= INSTRUCTIONS TO FOLLOW =
Print the data exactly. Pictures stay out.

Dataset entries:
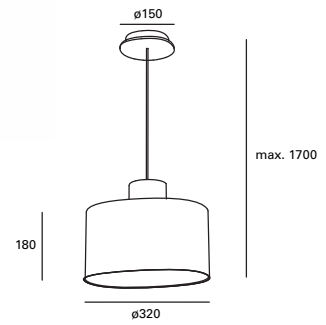

*
Madera natural.
Natural wood.
Bois naturel.
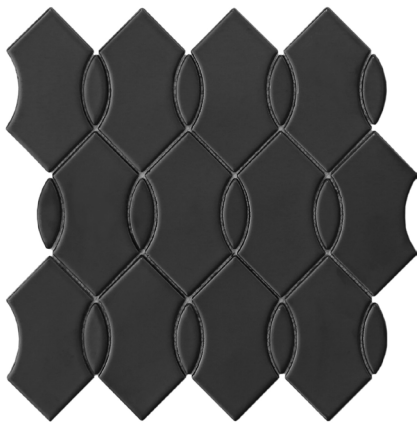

Arabesque, petal, and wave motifs are the backbone for Mythos™. The Greek mythology-inspired collection features classic shapes perfect for decorative looks at home. Available in black, gray and white for a seamless fit into any design - while still making a signature impact.

# MYTHOS™

*Glazed Ceramic Mosaic*

Arabesque Black

Arabesque Gray

Arabesque White

Petal Black

Petal Gray

Petal White

Wave Black

Wave Gray

Wave White

Sizes			
	11" x 12" Mesh 10.63" x 11.75"	11" x 13" Mesh 10.71" x 13.11"	12" x 12" Mesh 12.20" x 12.24"
Thickness	7mm	7mm	7mm
Testing	Shade Variation Rating		
Results*	VI		
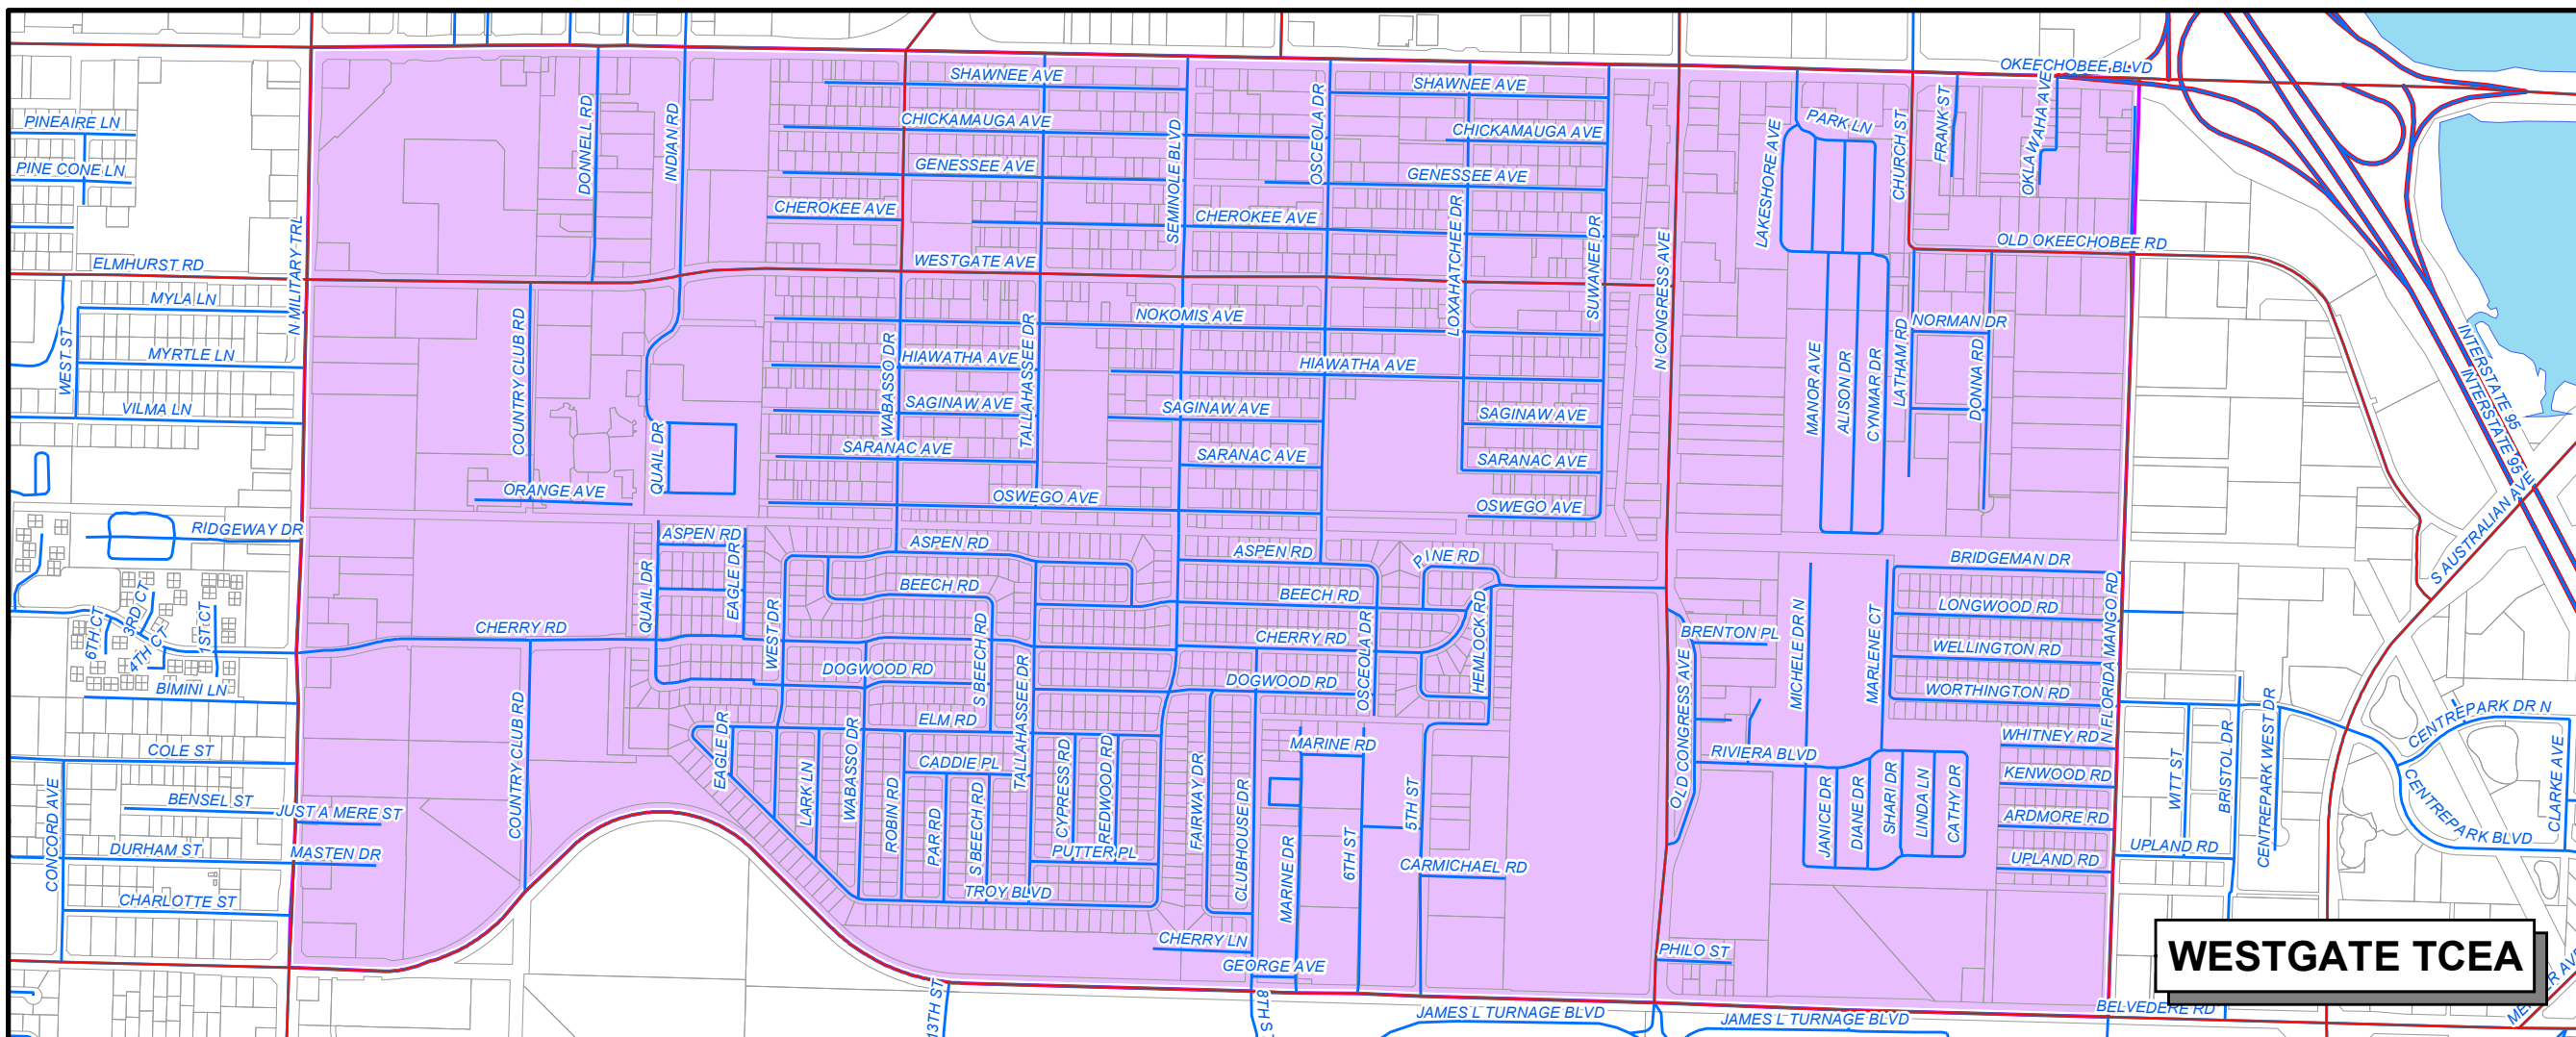

MAP TE 15.4
TRAFFIC CONCURRENCY
EXCEPTION AREAS (TCEA's)
DETAILS 3

-  Traffic Concurrency Exception Areas (TCEA's) *
-  Interstate 95
-  Florida's Turnpike
-  Major Roads
-  Minor Roads

* For Further Details Upon These Features, Please Refer To The Transportation Element Of The Comprehensive Plan
 SOURCES: PBC Planning Division
 Last Amended In Round 05-1 by Ord. 2005-023

PALM BEACH COUNTY
COMPREHENSIVE PLAN
MAP SERIES

0 500 1,000 1,500 Feet

Effective Date: 11/01/05
 Filename: N:\Map Series\WXDs\Adopted
 Contact: PBC Planning Dept.
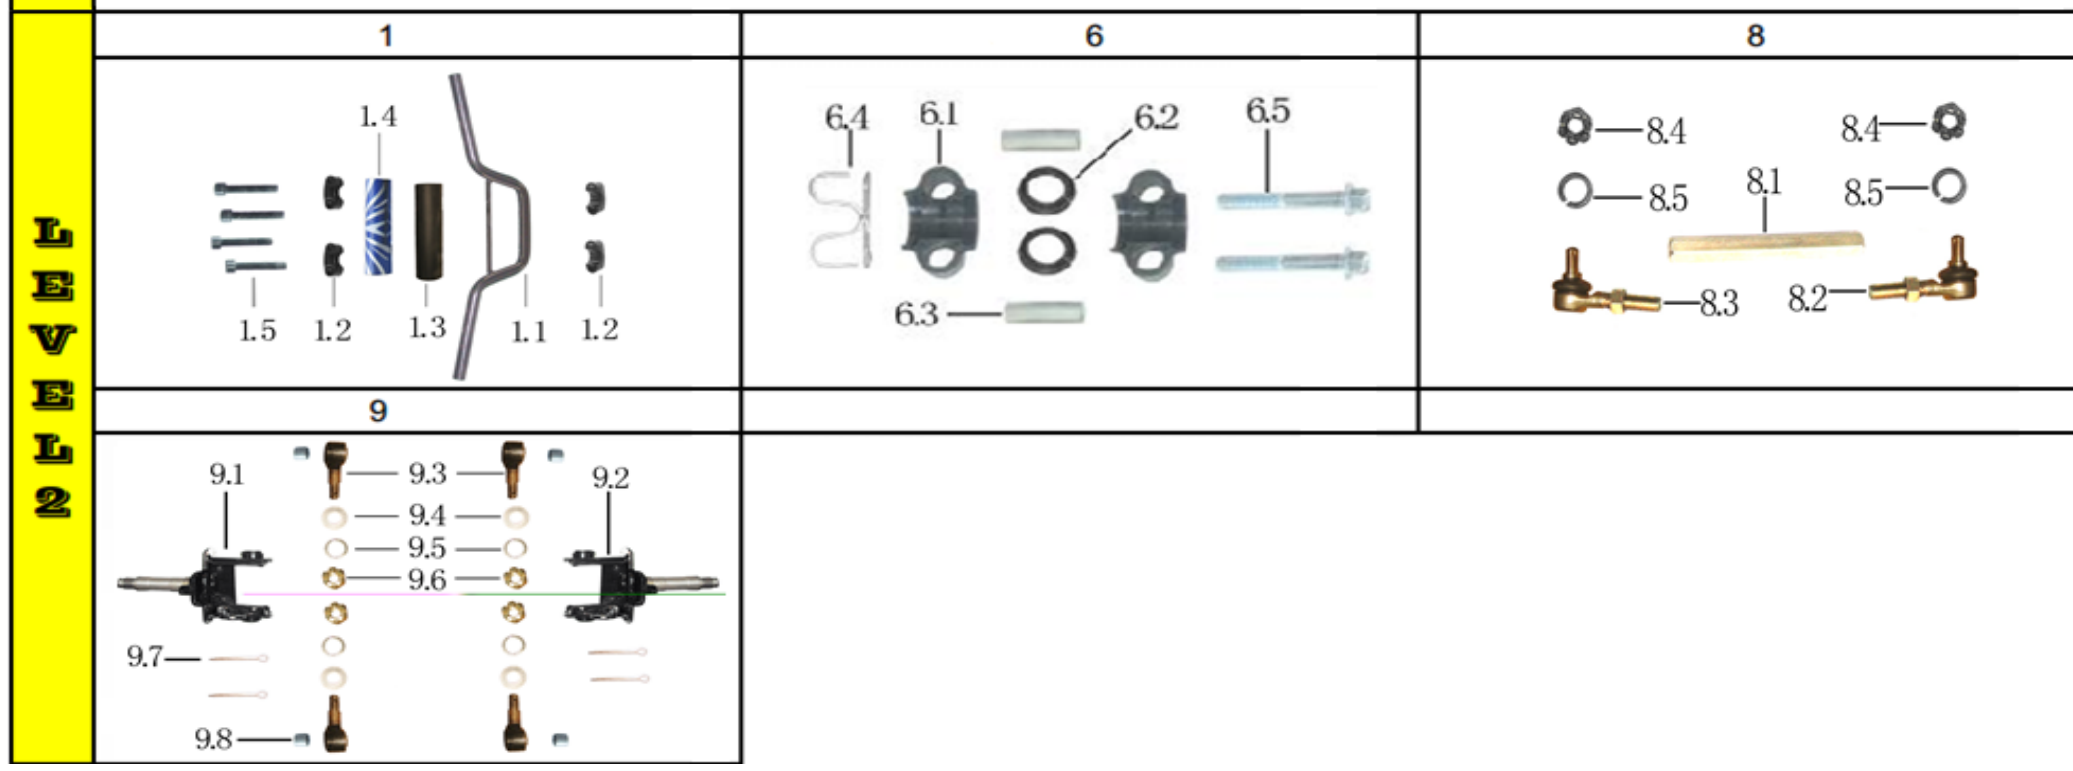

Ref #	Level 1&2 #	Factory Part #	GIO Part #	Description	Compatible Models	QTY	Notes	Location	In-Stock
8	1	YB000C100000000		HANDLE BAR ASSY	N/A	1			
9	1.1	YS000C110000000		HANDLE	802 (OM)	1			
10	1.2	YS000C220000000	G1010083	HANDLE FIXER	T1, T2, T2 DELUX, 802 (OM)	4	Sold as a set	258A3	
11	1.3	YS000P310000000		HANDLE COVER	T1, T2, T2 DELUX, 802 (OM)	1			
12	1.4	YB000P310000001		HANDLE COVER	T2 Delux	1			
13	1.5	G701M08L45D88Z50	G1010083	BOLT M8*45	T1, T2, T2 DELUX, 802 (OM)	4	Sold as a set	258A3	
14	2	YS000C240000000		HAND GRIP	T1, T2, T2 DELUX, 802 (OM)	2			
15	3	YH000D710000000	G1010080/G1050014	STARTING SWITCH	T1, T2, 802 (OM)	1	There are 2 GIO part #s for the same part	258A2/257C2/257D3/257D4	
16	4	YS000D810000001		THROTTLE CONTROL	T2 Delux	1			
17	5	YF000C310000001		STEERING POLE	N/A	1			
18	6	YB000C260000000		STEERING CLIP ASSY	T2 Delux	1			
19	6.1	G587M10L60D88Z50		BOLT M10*60	T1, T2, T2 Delux	2			
20	6.2	YS000C220000001		CLIP	T2 DELUX, 802 (OM)	2			
21	6.3	YB000P110000001		STEERING BUSH d10*D14*L40	T2 DELUX, 802 (OM)	2			
22	6.4	YS000C240000001		RUBBER MAT	T2 DELUX, 802 (OM)	2			
23	6.5	Q141M10D08Z50		NUT M10	T1, T2, T2 DELUX, 802 (OM)	2			
24	7	GB91D002L040Z50		COTTER PIN 2*40	T1, 802 (OM)	4			
25	8	YB000C320000001		STEERING LINK L90	N/A	2			
26	8.1	YB000C320000003		TIE-ROD	N/A	1			
27	8.2	YF000C330000000	G1010100	LINK KNUCKLE	802 (OM)	1	Sold as a set	258A2	
28	8.3	YF000C330000001	G1010100	LINK KNUCKLE	802 (OM)	1	Sold as a set	258A2	
29	8.4	G181M10D08ZG0		NUT M10	T1, T2, T2 DELUX, 802 (OM)	2			
30	8.5	G859M10S02B03000		WASHER d10	T1, T2, 802 (OM)	2			
31	9	YF000C400000006		STEERING KNUCKLE ASSY	N/A	2			
32	10	G093M12S31B31000		WASHER d12	T2 DELUX	1			
33	11	G181M10E08ZG0		NUT M10	802 (OM)	1			
34	12	GB91D002L040Z50		COTTER PIN 2*40	T1, 802 (OM)	1			
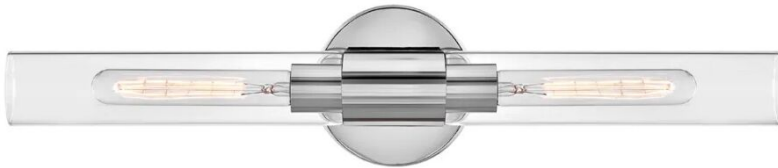

SHEA

85402CM

LARGE TWO LIGHT VANITY

It's easy to fall for Shea's sleek, cylindrical silhouette. The elongated glass shades make it easy to customize your space and flex your design skills by choosing from one of the versatile finishes. The perfect complement to any vibe, Shea sets a new standard for multipurpose lighting. Pro tip: T10 bulbs are required but go with the wattage that wins you over.

DETAILS	
FINISH:	Chrome
MATERIAL:	Steel
GLASS:	Clear
DIMMABLE:	YES - WITH DIMMABLE LAMP (NOT INCLUDED)

DIMENSIONS	
WIDTH:	24"
HEIGHT:	5.3"
WEIGHT:	2.5lb
BACK PLATE:	5.25" Dia.
EXTENSION:	3.8"
TOP TO OUTLET:	2.75"

LIGHT SOURCE	
LIGHT SOURCE:	Socketed
WATTAGE:	2-12w Med. LED, 60w Equiv.
VOLTAGE:	120v

SHIPPING	
CARTON LENGTH:	14
CARTON WIDTH:	8
CARTON HEIGHT:	8.6
CARTON WEIGHT:	3.2

PRODUCT DETAILS:

- Please refer to Lark's Warranty for complete product warranty details. Some warranty limitations may apply.
- Suitable for use in damp locations as defined by NEC and CEC. Meets United States UL Underwriters Laboratories & CSA Canadian Standards Association Product Safety Standards.
- Sparkling chrome with reflective finish
- Designed to a T! A T10 bulb is required, but go with the wattage that wins you over.
- Confidently create a modern moment with this dynamic design statement
- Fixture can be mounted vertically
- ADA compliant
- Mounting hardware is hidden on the back plate to ensure a clean silhouette
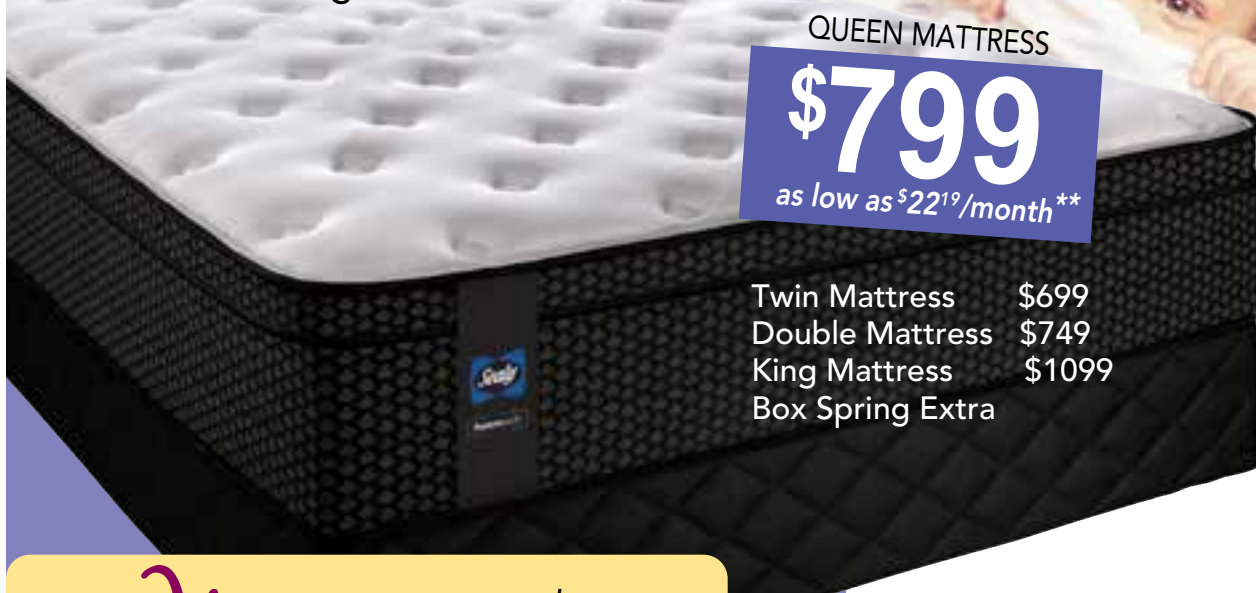

MAPLE LEAF Eurotop

13.5" Profile Height 950 HD Pocket Coils

QUEEN MATTRESS

\$799

as low as \$22¹⁹/month**

Twin Mattress	\$699
Double Mattress	\$749
King Mattress	\$1099
Box Spring Extra	

COMFORT LAYERS

- CertiPUR-US® Certified SealySupport™ HD Foam
- PostureTech™ Coil
- SolidEdge™
- Targeted Nano Support Coils
- SealyLoft™ Quilt with Moisture Wicking Fibres

Twin Mattress \$799
Double Mattress \$849
King Mattress \$1199
Box Spring Extra

QUEEN MATTRESS

\$899

as low as \$24⁹⁷/month **

FAYE

SOFT 14" PROFILE HEIGHT,
800 SERIES EUROTOP

- CleanProtect™ Fabric
- Stay True® Quilt with MoistureProtect™ Fibres
- Certipur-Us™ Sealy Support™ Gel HD Foam
- 3.5" Sealy Support™ HD Foam
- Posture Touch® Pocket Coil
- Sealy StableEdge™ HD
- Targeted Gel HD Foam

= REPLY =
*
Madera natural.
Natural wood.
Bois naturel.

Arabesque, petal, and wave motifs are the backbone for Mythos™. The Greek mythology-inspired collection features classic shapes perfect for decorative looks at home. Available in black, gray and white for a seamless fit into any design - while still making a signature impact.

# MYTHOS™

*Glazed Ceramic Mosaic*

Arabesque Black

Arabesque Gray

Arabesque White

Petal Black

Petal Gray

Petal White

Wave Black

Wave Gray

Wave White

Sizes			
	11" x 12" Mesh 10.63" x 11.75"	11" x 13" Mesh 10.71" x 13.11"	12" x 12" Mesh 12.20" x 12.24"
Thickness	7mm	7mm	7mm
Testing	Shade Variation Rating		
Results*	VI		

MAP TE 15.4
TRAFFIC CONCURRENCY
EXCEPTION AREAS (TCEA's)
DETAILS 3

-  Traffic Concurrency Exception Areas (TCEA's) *
-  Interstate 95
-  Florida's Turnpike
-  Major Roads
-  Minor Roads

* For Further Details Upon These Features, Please Refer To The Transportation Element Of The Comprehensive Plan
 SOURCES: PBC Planning Division
 Last Amended In Round 05-1 by Ord. 2005-023

PALM BEACH COUNTY
COMPREHENSIVE PLAN
MAP SERIES

0 500 1,000 1,500 Feet

Effective Date: 11/01/05
 Filename: N:\Map Series\WXDs\Adopted
 Contact: PBC Planning Dept.

Ref #	Level 1&2 #	Factory Part #	GIO Part #	Description	Compatible Models	QTY	Notes	Location	In-Stock
8	1	YB000C100000000		HANDLE BAR ASSY	N/A	1			
9	1.1	YS000C110000000		HANDLE	802 (OM)	1			
10	1.2	YS000C220000000	G1010083	HANDLE FIXER	T1, T2, T2 DELUX, 802 (OM)	4	Sold as a set	258A3	
11	1.3	YS000P310000000		HANDLE COVER	T1, T2, T2 DELUX, 802 (OM)	1			
12	1.4	YB000P310000001		HANDLE COVER	T2 Delux	1			
13	1.5	G701M08L45D88Z50	G1010083	BOLT M8*45	T1, T2, T2 DELUX, 802 (OM)	4	Sold as a set	258A3	
14	2	YS000C240000000		HAND GRIP	T1, T2, T2 DELUX, 802 (OM)	2			
15	3	YH000D710000000	G1010080/G1050014	STARTING SWITCH	T1, T2, 802 (OM)	1	There are 2 GIO part #s for the same part	258A2/257C2/257D3/257D4	
16	4	YS000D810000001		THROTTLE CONTROL	T2 Delux	1			
17	5	YF000C310000001		STEERING POLE	N/A	1			
18	6	YB000C260000000		STEERING CLIP ASSY	T2 Delux	1			
19	6.1	G587M10L60D88Z50		BOLT M10*60	T1, T2, T2 Delux	2			
20	6.2	YS000C220000001		CLIP	T2 DELUX, 802 (OM)	2			
21	6.3	YB000P110000001		STEERING BUSH d10*D14*L40	T2 DELUX, 802 (OM)	2			
22	6.4	YS000C240000001		RUBBER MAT	T2 DELUX, 802 (OM)	2			
23	6.5	Q141M10D08Z50		NUT M10	T1, T2, T2 DELUX, 802 (OM)	2			
24	7	GB91D002L040Z50		COTTER PIN 2*40	T1, 802 (OM)	4			
25	8	YB000C320000001		STEERING LINK L90	N/A	2			
26	8.1	YB000C320000003		TIE-ROD	N/A	1			
27	8.2	YF000C330000000	G1010100	LINK KNUCKLE	802 (OM)	1	Sold as a set	258A2	
28	8.3	YF000C330000001	G1010100	LINK KNUCKLE	802 (OM)	1	Sold as a set	258A2	
29	8.4	G181M10D08ZG0		NUT M10	T1, T2, T2 DELUX, 802 (OM)	2			
30	8.5	G859M10S02B03000		WASHER d10	T1, T2, 802 (OM)	2			
31	9	YF000C400000006		STEERING KNUCKLE ASSY	N/A	2			
32	10	G093M12S31B31000		WASHER d12	T2 DELUX	1			
33	11	G181M10E08ZG0		NUT M10	802 (OM)	1			
34	12	GB91D002L040Z50		COTTER PIN 2*40	T1, 802 (OM)	1			

SHEA

85402CM

LARGE TWO LIGHT VANITY

It's easy to fall for Shea's sleek, cylindrical silhouette. The elongated glass shades make it easy to customize your space and flex your design skills by choosing from one of the versatile finishes. The perfect complement to any vibe, Shea sets a new standard for multipurpose lighting. Pro tip: T10 bulbs are required but go with the wattage that wins you over.

DETAILS	
FINISH:	Chrome
MATERIAL:	Steel
GLASS:	Clear
DIMMABLE:	YES - WITH DIMMABLE LAMP (NOT INCLUDED)

DIMENSIONS	
WIDTH:	24"
HEIGHT:	5.3"
WEIGHT:	2.5lb
BACK PLATE:	5.25" Dia.
EXTENSION:	3.8"
TOP TO OUTLET:	2.75"

LIGHT SOURCE	
LIGHT SOURCE:	Socketed
WATTAGE:	2-12w Med. LED, 60w Equiv.
VOLTAGE:	120v

SHIPPING	
CARTON LENGTH:	14
CARTON WIDTH:	8
CARTON HEIGHT:	8.6
CARTON WEIGHT:	3.2

PRODUCT DETAILS:

- Please refer to Lark's Warranty for complete product warranty details. Some warranty limitations may apply.
- Suitable for use in damp locations as defined by NEC and CEC. Meets United States UL Underwriters Laboratories & CSA Canadian Standards Association Product Safety Standards.
- Sparkling chrome with reflective finish
- Designed to a T! A T10 bulb is required, but go with the wattage that wins you over.
- Confidently create a modern moment with this dynamic design statement
- Fixture can be mounted vertically
- ADA compliant
- Mounting hardware is hidden on the back plate to ensure a clean silhouette

MAPLE LEAF Eurotop

13.5" Profile Height 950 HD Pocket Coils

QUEEN MATTRESS

\$799

as low as \$22¹⁹/month**

Twin Mattress	\$699
Double Mattress	\$749
King Mattress	\$1099
Box Spring Extra	

COMFORT LAYERS

- CertiPUR-US® Certified SealySupport™ HD Foam
- PostureTech™ Coil
- SolidEdge™
- Targeted Nano Support Coils
- SealyLoft™ Quilt with Moisture Wicking Fibres

Twin Mattress \$799
Double Mattress \$849
King Mattress \$1199
Box Spring Extra

QUEEN MATTRESS

\$899

as low as \$24⁹⁷/month **

FAYE

SOFT 14" PROFILE HEIGHT,
800 SERIES EUROTOP

- CleanProtect™ Fabric
- Stay True® Quilt with MoistureProtect™ Fibres
- Certipur-Us™ Sealy Support™ Gel HD Foam
- 3.5" Sealy Support™ HD Foam
- Posture Touch® Pocket Coil
- Sealy StableEdge™ HD
- Targeted Gel HD Foam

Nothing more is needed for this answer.